| Task requirements |
In the entries that follow, find each line with the word "Rostock" and copy it.

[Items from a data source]
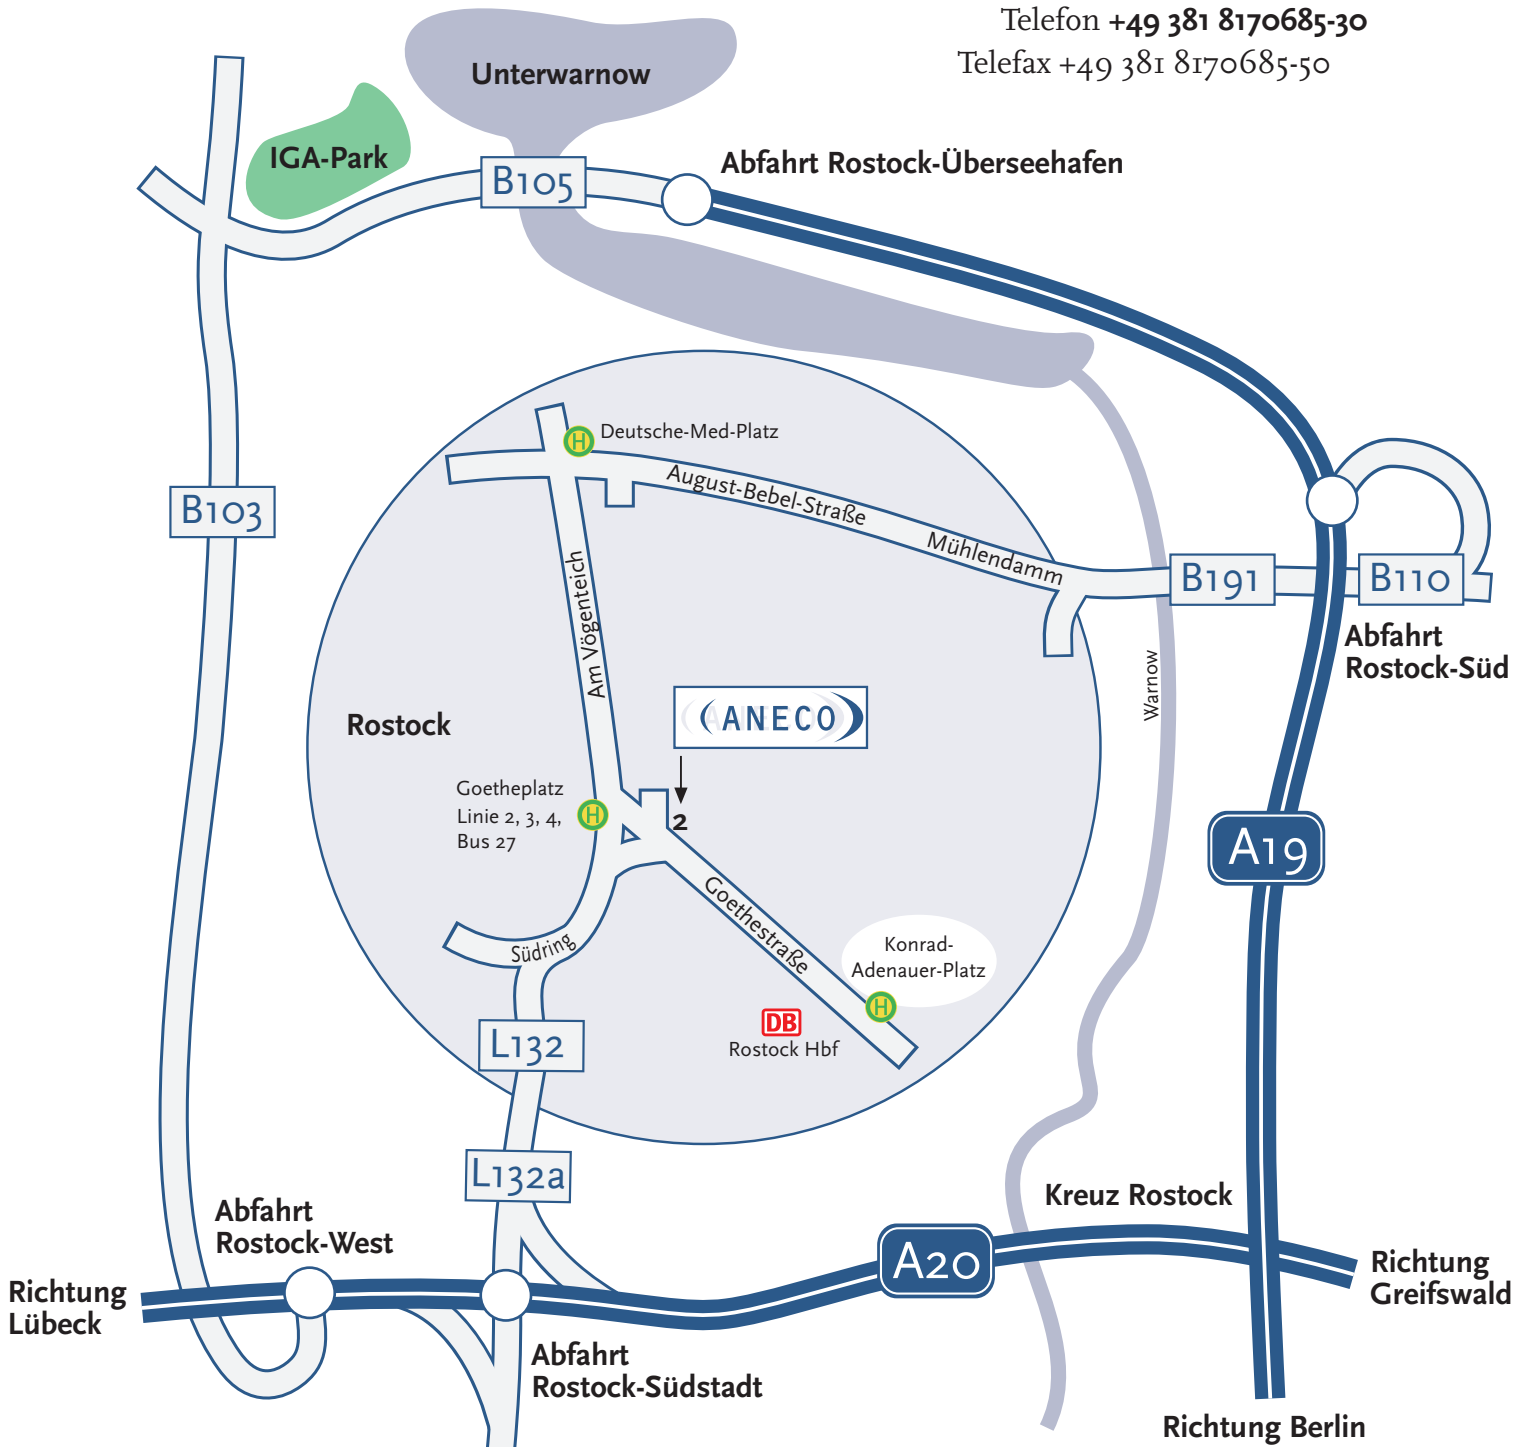

Anfahrt Aneco Rostock

ANECO Institut für Umweltschutz GmbH & Co.
Goethestraße 2 18055 Rostock
Telefon +49 381 8170685-30
Telefax +49 381 8170685-50

Anfahrt über die A19

- Bei Ausfahrt Rostock-Süd auf B110 in Richtung Rostock-Zentrum fahren.
- Biegen Sie auf die B110 ab.
- Im weiteren Straßenverlauf wird die B110 zur B191.
- Halten Sie sich auf der B191 rechts und biegen Sie ab auf den Mühlendamm.
- Weiter auf Ernst-Barlach-Straße.
- Weiter auf August-Bebel-Straße.
- Biegen Sie links ab und folgen der Straße Am Vögenteich.
- Nach 500 Metern biegen Sie links in die Goethestraße.
- Es ist das 2. Haus auf der linken Seite.

Anfahrt über die A20

- Nehmen Sie die Ausfahrt Rostock-Südstadt.
- Biegen Sie auf die L132a ab, welche zur L132 wird.
- Nach 4,8 km rechts auf den Südring (Richtung Hauptbahnhof) abbiegen.
- Anschließend rechts in die Goethestraße abbiegen.
- Es ist das 2. Haus auf der linken Seite.

P Auf dem Gelände gibt es 2 Parkplätze für Aneco-Gäste.

| Problem solution |
Anfahrt Aneco Rostock
Goethestraße 2 18055 Rostock
- Bei Ausfahrt Rostock-Süd auf B110 in Richtung Rostock-Zentrum fahren.
- Nehmen Sie die Ausfahrt Rostock-Südstadt.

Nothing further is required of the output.